» How to complete this task: The answer should be a single number: how many lines in the material contain "jednotka".

» Given information:
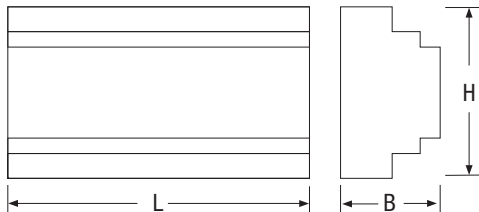

Centrální řídicí jednotka

Centrální jednotka pro kontrolu osvětlení a nouzového osvětlení. Součástí je software SD Manager pro správu systému.

Centrální jednotka je vybavena integrovaným GSM modemem.

• Rozměry (mm) •		
L	B	H
160	75	90
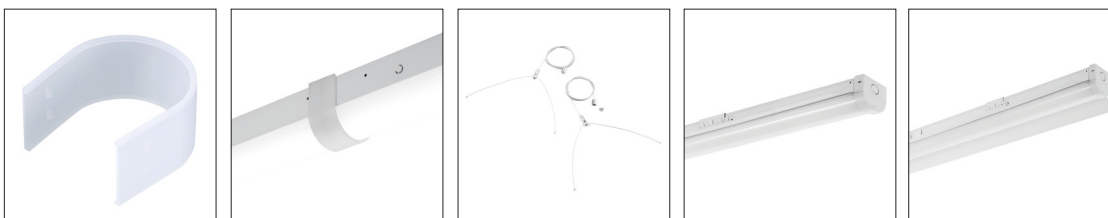

Kupplungszubehör

Wayline mit Kupplungs-
zubehör

Aufhängungsset

Wayline mit
asymmetrischem Reflektor

Wayline mit
symmetrischem Reflektor

» Answer to the exercise: 3